What is Catheter Ablation?

November 12, 2012

What is Catheter Ablation?

Individuals suffering from an arrhythmia may require a catheter ablation. This is a medical procedure that is sometimes effective alone or may need accompanying treatment.

Facts about catheter ablation

  • If medicine is not proving effective in the treatment of an arrhythmia, a catheter ablation may be recommended.

  • It may also be recommended if the patient is suffering from certain kinds of arrhythmia such as Wolff-Parkinson-White syndrome or additionally if the patient is suffering from abnormal electrical activity in the heart increasing the risk of cardiac arrest.

  • The procedure is done in hospital by doctors, specially trained in cardiac electrophysiology and lasts from 3-6 hours.

  • A thin flexible tube known as an ablation catheter is used to identify the source of the abnormal heartbeats. Several forms of energy are then used to destroy the small area of damaged heart tissue.

  • Following the procedure, the patient must refrain from moving for 4-6 hours. Some people are required to stay over night whilst others are able to go home the same day.

  • In most cases recovery is quick and normal activity can be resumed in around 3 days.

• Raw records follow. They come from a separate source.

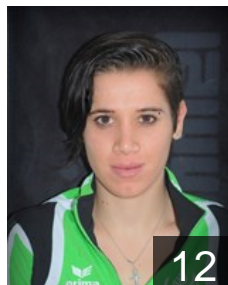

TUR

Ulucan Ayse Nejla

Position:
Place of birth: Istanbul
Date of birth: 04.04.1991
Height: 173 cm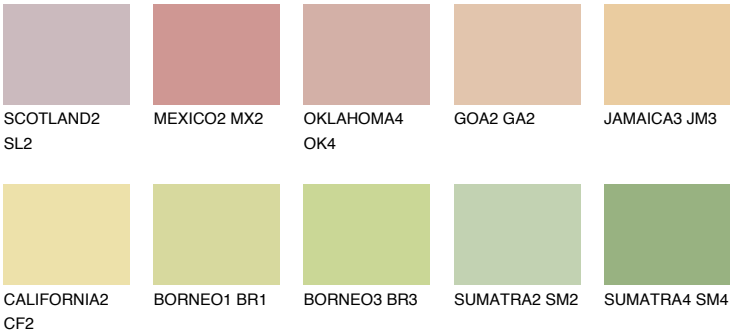

COLOUR DETAILS

NAMIB2 NM2

70% **TSR** 69%

Matching colours

COLOURS

INTENSE

For more information on plasters and paints, go to www.ceresit.en

*The presented colours refer to plasters and paints offered by Ceresit. Due to the use of digital techniques, the presented colours might not represent the original ones, thus they cannot be considered as a reliable colour presentation. We recommend checking the authentic colour samples.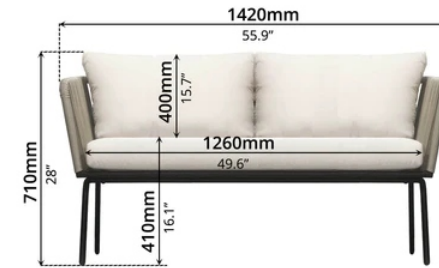

TOP
VIEW

VISITORS LOUNGE
RAA MEEDHOO

1 عَمْرُو

FRONT
VIEW

VISITORS LOUNGE
RAA MEEDHOO

1 عَرَبِيَّة

SIDE
VIEW

VISITORS LOUNGE
RAA MEEDHOO

2 عُرُودٌ

Counter
Partition

VISITORS LOUNGE
RAA MEEDHOO

3 عَرُورَة

Roller
Shutter

VISITORS LOUNGE
RAA MEEDHOO

4 عَصْرُووْ

Outdoor-Lounge
Set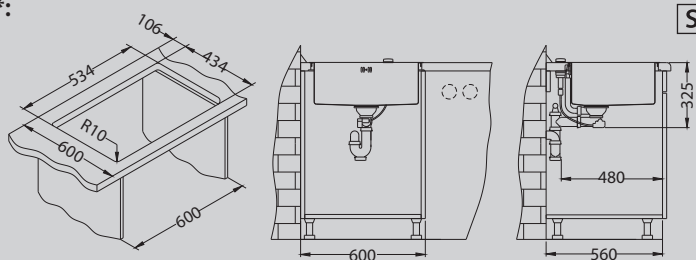

Installation*:

* F - installation needs specific treatment of worktop cut-out according to sink enclosed instructions.

  • Any pain, bleeding or swelling should be reported to the doctor immediately.

  • Potential complications include bleeding, infection and pain at the point of insertion as well as the more serious potential blood clots and puncture of the heart.

Before a catheter ablation

  • It is important to discuss with you doctor any preparations that need to be made before the procedure, restrictions on eating and drinking for example. Consumption of all food and drinks usually has to be stopped by midnight of the day before the procedure.

  • The doctor will also inform you as to whether any medications currently being taken should be stopped before the procedure.

  • Other health conditions such as diabetes or kidney disease could require further treatment or alterations to the procedure in order to prevent complications.

  • Arrangements may need to be made into getting home from the hospital, as it is not always safe to drive.

During the catheter ablation

  • A medicine will be inserted into your body through an IV line before the procedure to help you relax. You will also be connected up to machines that will monitor your heart.

  • Depending on where the tube will be inserted, either the upper thigh, arm or neck will be cleaned and made numb and a needle is inserted through the skin and into the blood vessel. A guide wire is inserted to guide the catheter to the correct part of the heart.

  • The end of the catheter contains electrodes, which are then applied to the effected part of the heart to record electrical activity. The tip of the catheter is used to scar the damaged heart tissue so the abnormal electrical signals are unable to travel past the scar into the rest of the heart, causing arrhythmias.

  • The medication will make the patient feel sleepy and they will not be aware of much feeling through the procedure. Some people are aware of a burning sensation in the chest as the energy is applied and they will often be aware of changes to their heartbeat as the electrical signals are studied.

  • After the procedure the ablation catheter is removed and the opening is closed up and bandaged.

After the catheter ablation

  • The doctor will advise you o

    n what medicines should be taken and how much physical activity you should expect to be able to do. They will also instruct you on how to care for the opening and how often to change the bandages.

  • Recovery is usually quick, although there may be some initial stiffness from lying down for many hours. There will be some bruising around the area of insertion and it will probably feel tender for around 1 week.

  • Normal activity should be fine about 3 days after the procedure.

  • Any unusual symptoms should be looked out for and reported to the doctor.